Educator-in-Residence Programme (EiRP)

EiRP facilitates active exchanges between the NUS academic community and distinguished educators from around the world

Visit by Professor Tony Harland, Educator-in-Residence 2018


This year’s Educator-in-Residence, Professor Tony Harland of the University of Otago, New Zealand, gave a thought-provoking talk at the EiRP-Ruth Wong Memorial Lecture on Education, held on 20 September 2018.

The lecture was the central event among the many sessions through which Professor Harland engaged with the NUS community during his 12-day residency at the Centre for Development of Teaching and Learning (CDTL).

Foregrounding the lecture title, “The Assessment Arms Race and its Fallout”, Professor Harland spoke about it as an analogy that refers to the nuclear arms race during the cold war, and connects competition in the animal kingdom with competitiveness in educational systems. Such competition is usually framed by multiple tests and other assessments. The questions he posed about assessment regimes and their impact on critical thinking stimulated deeper thinking about what learning at higher education is about:

  • With the number of assignments and assessments that our students have to complete, are we giving them a chance to perform at an optimal level and succeed?

  • What would we want our students’ learning experience to be at the university? Would we want it to be framed by assessments?

  • How often do our students read beyond the requirements of their programme?
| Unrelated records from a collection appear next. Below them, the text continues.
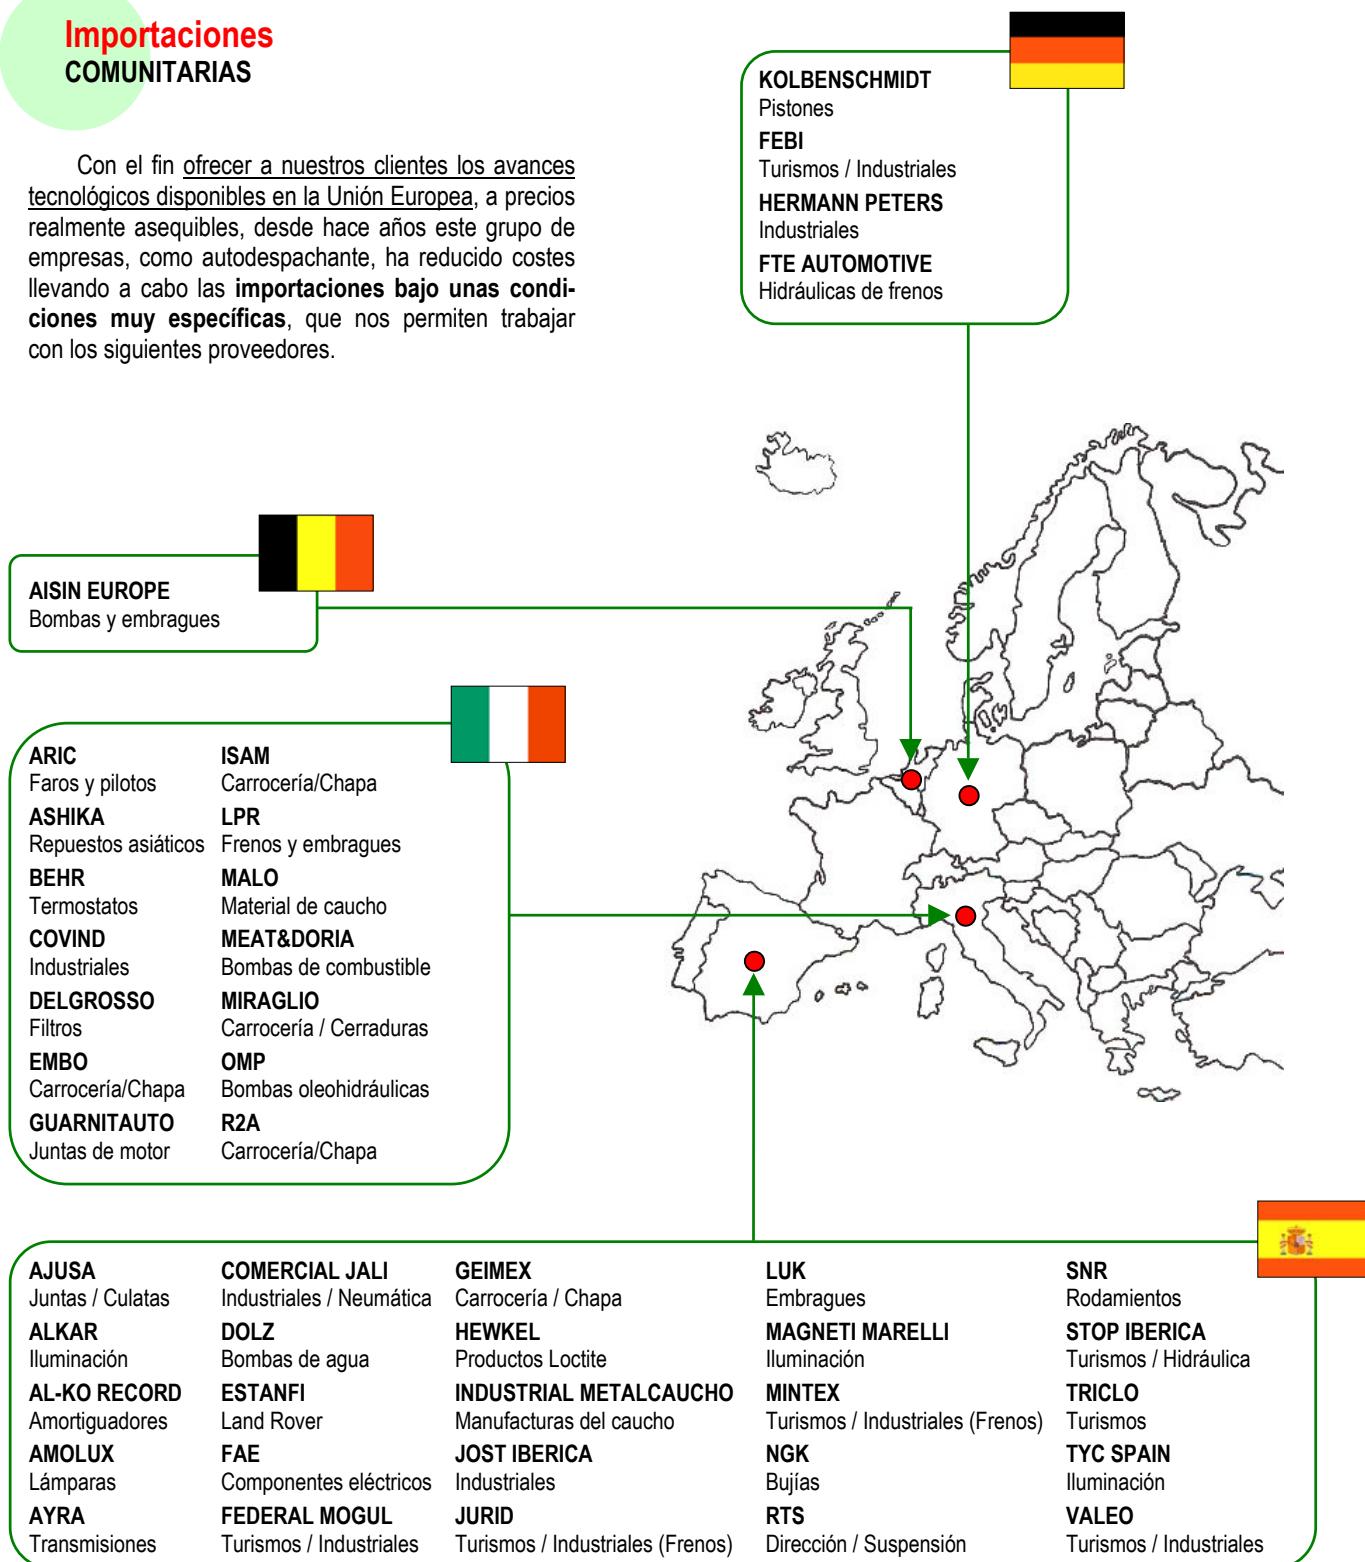

Estos factores, entre otros, son los que no han permitido distribuir con toda confianza las marcas que trabajamos, y que de manera representativa se muestran a continuación.

Marcas POR TIPO DE VEHICULO

Distribuimos repuestos y accesorios para los **TURISMOS** de la práctica totalidad del actual parque móvil, tanto marcas europeas como americanas y asiáticas.

Comercializamos para **VEHICULOS INDUSTRIALES**: DAF, IVECO, MAN, MERCERDES, RENAULT, SCANIA, etc.

En **PLATAFORMAS**: BPW, FRUEHAUF, LECIÑENA, LECITRAILER, MONTENEGRO, etc.

Importaciones COMUNITARIAS

Con el fin ofrecer a nuestros clientes los avances tecnológicos disponibles en la Unión Europea, a precios realmente asequibles, desde hace años este grupo de empresas, como autodespachante, ha reducido costes llevando a cabo las **importaciones bajo unas condiciones muy específicas**, que nos permiten trabajar con los siguientes proveedores.
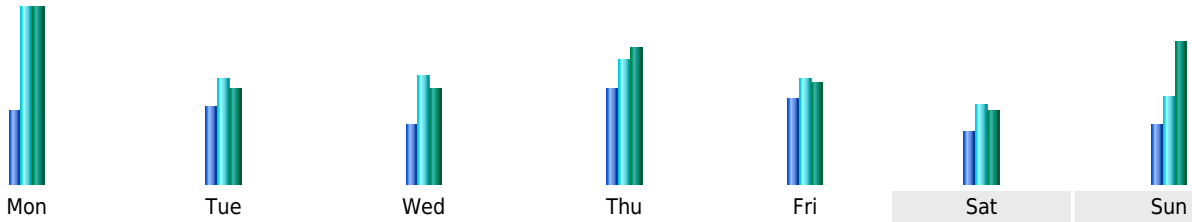

Statistics of visits of the VIVC - December 2012

Days of week

Day	Pages	Hits	Bandwidth
Mon	2,356	5,691	142.59 MB
Tue	2,515	3,412	77.33 MB
Wed	1,958	3,480	76.92 MB
Thu	3,074	4,019	110.06 MB
Fri	2,740	3,388	82.33 MB
Sat	1,651	2,589	58.70 MB
Sun	1,926	2,786	115.50 MB

Hours

Hours	Pages	Hits	Bandwidth	Hours	Pages	Hits	Bandwidth
00	2,501	2,799	46.41 MB	12	6,139	8,868	190.69 MB
01	1,960	2,844	63.62 MB	13	4,259	6,393	149.93 MB
02	1,356	1,817	43.14 MB	14	4,456	10,229	200.95 MB
03	1,096	1,710	31.81 MB	15	4,121	9,648	272.60 MB
04	985	1,426	34.67 MB	16	4,306	7,078	200.65 MB
05	751	1,166	30.15 MB	17	3,811	7,459	281.39 MB
06	856	1,402	31.06 MB	18	3,992	5,756	161.52 MB
07	1,570	2,384	89.52 MB	19	3,305	5,213	221.62 MB
08	2,638	4,645	137.12 MB	20	2,833	3,974	117.00 MB
09	2,678	3,905	79.45 MB	21	3,586	5,827	129.97 MB
10	3,601	5,341	117.53 MB	22	2,756	3,493	83.54 MB
11	4,295	5,329	155.61 MB	23	2,970	3,839	100.52 MB
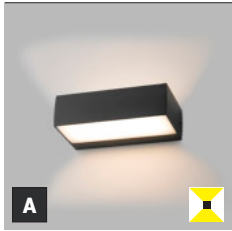

KVADER

KVADER

5130134
5130134DT

W
2x4,5
2x4,5

K
3.000
3.000

lm
2x360
2x360

-
TRIAC

CZK***
2.320 Kč
3.074 Kč

A

3 - 6 m

These questions and Professor Harland’s argument to slow down learning resonate with the current educational landscape in Singapore. Education Minister, Mr Ong Ye Kung, has called for a reduction in examinations in the schools and a focus on cultivating a passion for learning (Chia, 2018). He emphasised that a reduction in assessment does not mean a reduction in rigour. Students should have time to think and explore: to enjoy education and their learning experiences, as these would form the cornerstone for the passion for lifelong learning.